Cisco is commonly known for its networking products, and owns Linksys, a maker of consumer network devices. Chief development officer Charles Giancarlo told the paper he believes Cisco's ties with Google and Yahoo will also give it an advantage over competitors. A release date for any new consumer products from the company was not given.
Ya know, it would be nice to see Cisco focus on improving on what they allegedly do "best". The more products they put out there the less they'll be focusing on their poorly designed routing and switching products.
I can see it now. "Oh the VOIP function on your new Wi-Fi phone will only work if you have the Engine 4+ Card". *vomit*
Score: 0
As a reference, D-Link does and has been doing this:
http://www.dlink.com/
Score: 0
The real problem with these networked consumer products is financial feasibility. Why buy a network mp3 player when you can buy an ipod or other device that has its own hard drive
Score: 0
Becaause your network can have a bajillion more files than your ipod.
Because a network transport and interface is a known set standard that will be here long after the ipod has moved on to "x" tech. Can you even get accesories or features added to first generation ipods anymore? Boy do they feel abandoned.
The ultimate portable device won't use wires or cables, but will use tcp/ip.
Score: 0
D-Link is owned by Cisco, just fyi
Score: 0
No, Linksys is owned by Cisco (as the article mentions if you had read it).
Score: 0
We can only hope Cisco does better with this, than what they have done for Linksys.
Score: 0
Linksys routers are the most reliable routers I have ever used. I am currently using the Linksys WRT55AG ver 2 dual band wireless network router and it has never froze or crashed once.

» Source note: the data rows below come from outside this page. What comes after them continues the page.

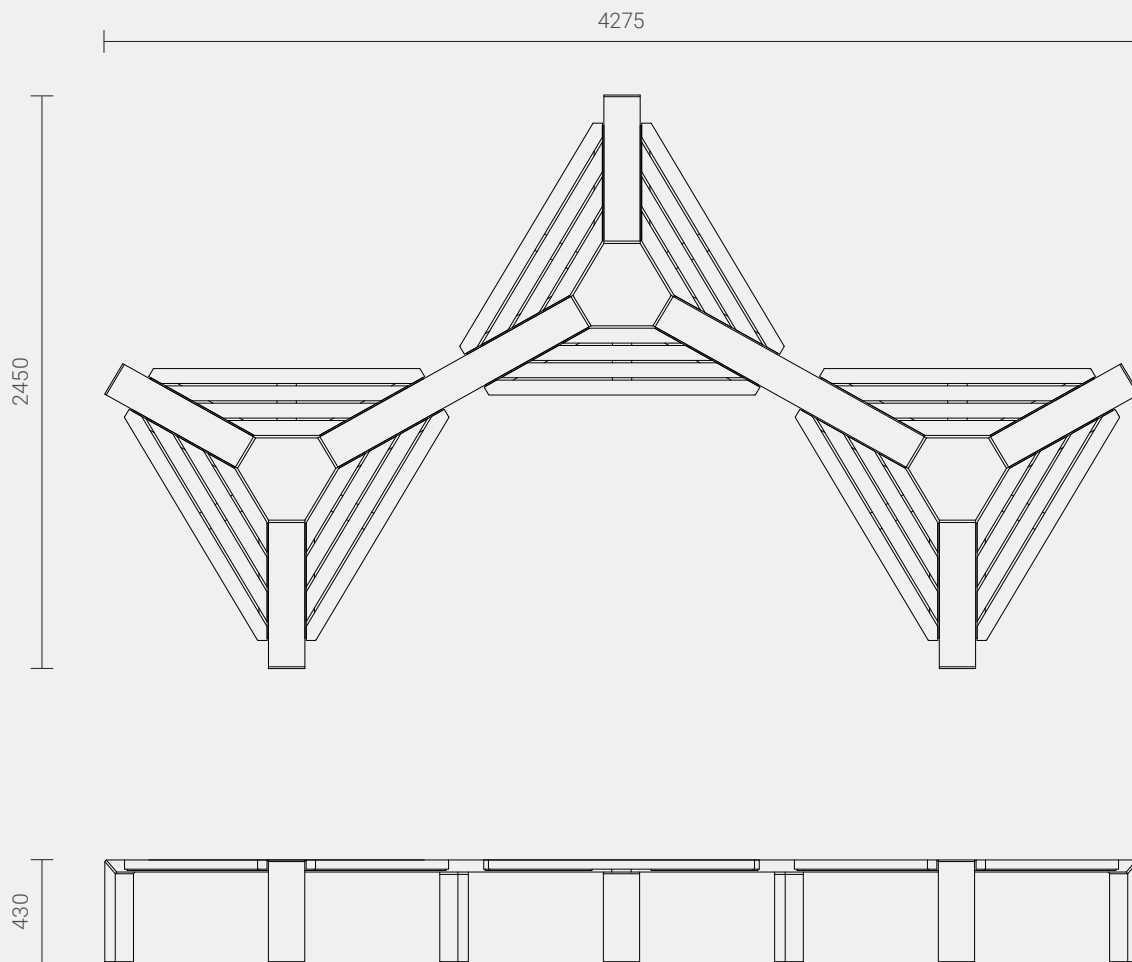

INSTALLATION OPTIONS AND DIMENSIONS

Above ground epoxy-fix 4275mm L x 2450mm W x 735mm H

Above ground bolt-fix 4275mm L x 2450mm W x 735mm H

Below ground bolt-fix 4275mm L x 2450mm W x 885mm H

Designed by
Cox Urban Furniture
info@coxurbanfurniture.com.au
coxurbanfurniture.com.au

Distributed by Altiform,
National Sales Hotline
T. 1800 2584 3676
sales@altiform.com.au

Copyright © 2012 Cox Urban Furniture.

Not to be reproduced in any form
without prior written consent.

Apparently Linksys is using embedded Linux on nearly all of their wireless routers now which makes them far more reliable than D-Link or even Netgear.
Score: 0
I've seen three dead linksys routers. They have the single most sensitive power adapters on the planet. You *must* UPS/surge protect those devices.
Score: 0
I own an IT support company. We've had nothing but problems with every single Linksys device we've seen installed. Dead ports, random rebooting, DHCP server failures, lock ups...horrible experiences. We replace every one we find to be proactive and prevent future problems.
DLink is probably the most reliable we've used apart from Cisco. Some of Netgear's products are awesome, some suck. It's trial and error with them, especially with their VPN products. If you set up a single site to site tunnel, it's rock solid...if you any even one more VPN tunnel, it's flakey as heck.

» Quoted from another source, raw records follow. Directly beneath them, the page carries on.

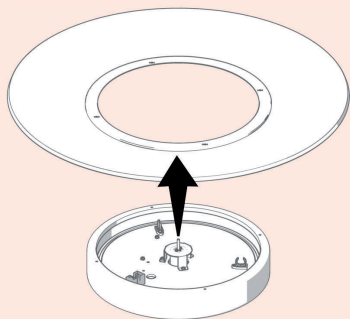

FontanaArte

Lunaire
by Ferréol Babin

29,5"

4.3

cod. 4246 (120V)

○ 1X55W (FL) 2Gx13

Ø 29,5" x 4,3"

This Luminaire must be mounted or supported independently of an outlet box.

4

5

6

7

8

9

10

11
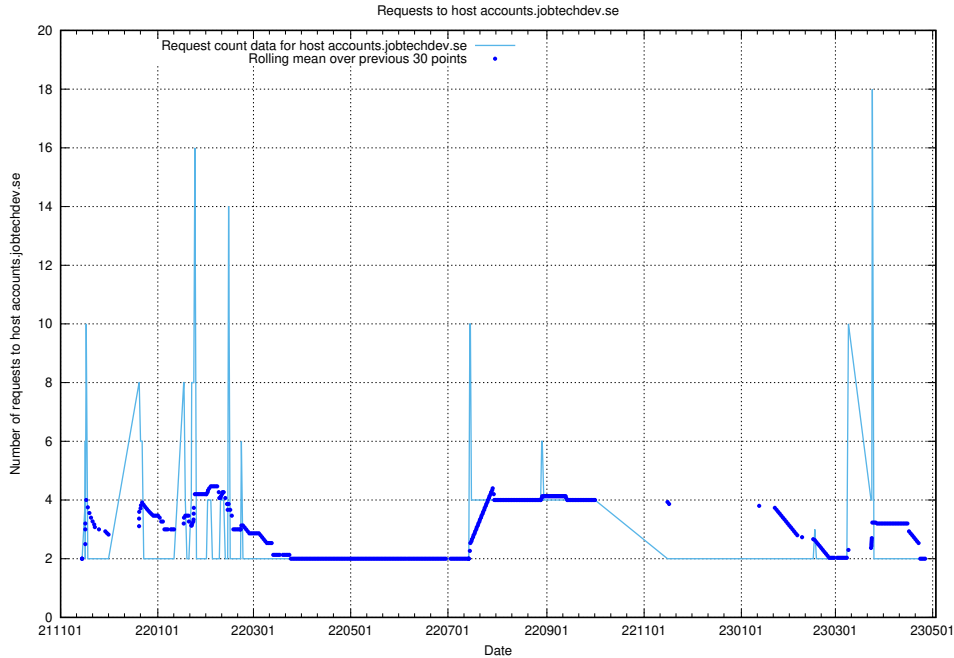

Here, we count the number of requests to host prod-historical-search.jobtechdev.se.

7.297 Usage of accounts.jobtechdev.se

Here, we count the number of requests to host accounts.jobtechdev.se.

7.298 Usage of auth.jitsitest.jobtechdev.se

We've also used Fortinet's FortiGate products with great success. You can't beat them on a price/performance ratio and in ROI for an all-in-one solution.
That said, Linksys makes decent products for home users. Good price point and decent set of features. But I wouldn't put one in a business if my life depended on it.
YMMV.
Score: 0
I've only used wireless networking products from Linksys, D-Link and Netgear but I had a D-Link DI-784 dual band wireless router with two computers wirelessly connected to my network. If I tried downloading a large file on one computer while browsing the web on the other computer the router crashed.
I think the only good routers are ones that use Linux for their OS. I've yet to see a propietary router OS that actually works for very long.